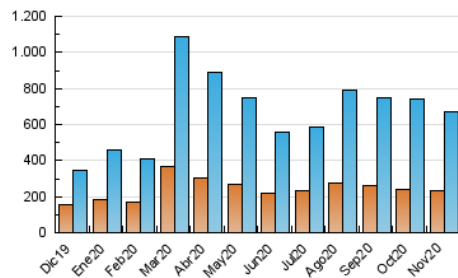

#### 3. Por día del mes (Nacional)

Día	N. únicos	Visitas	Páginas	Día	N. únicos	Visitas	Páginas	Día	N. únicos	Visitas	Páginas
1	23.355	29.926	47.428	11	18.544	22.170	35.726	21	12.036	14.716	25.703
2	24.644	30.401	49.878	12	15.985	19.714	33.413	22	14.446	17.942	31.752
3	19.219	23.364	37.718	13	18.471	22.545	41.715	23	16.251	19.976	36.947
4	19.859	24.749	40.405	14	14.002	17.957	30.966	24	14.669	17.395	29.218
5	15.819	19.302	31.570	15	18.516	22.893	36.354	25	16.498	19.763	31.418
6	16.200	20.275	36.073	16	22.157	28.106	47.283	26	14.573	17.663	28.259
7	19.715	24.606	39.627	17	18.913	23.180	37.476	27	17.689	21.854	38.264
8	21.609	26.631	41.708	18	16.823	20.461	33.035	28	19.177	23.756	39.053
9	19.276	24.083	42.266	19	12.595	15.166	26.622	29	23.196	28.595	44.062
10	19.829	23.978	38.283	20	13.390	16.568	32.734	30	28.289	34.275	55.143

4. Gráficas (Nacional)

4.1 Por día de la semana (promedio)

N. únicos / Visitas (x 100)

Páginas (x 100)

4.2 Por franja horaria (promedio)

Visitas (x 1000)

Páginas (x 1000)

4.3 Por meses

N. únicos / Visitas (x 1000)

Páginas (x 1000)

__Task requirements__. All lines holding the word "Nacional" must be copied from the data.

__Response for this exercise__.
#### 3. Por día del mes (Nacional)
4. Gráficas (Nacional)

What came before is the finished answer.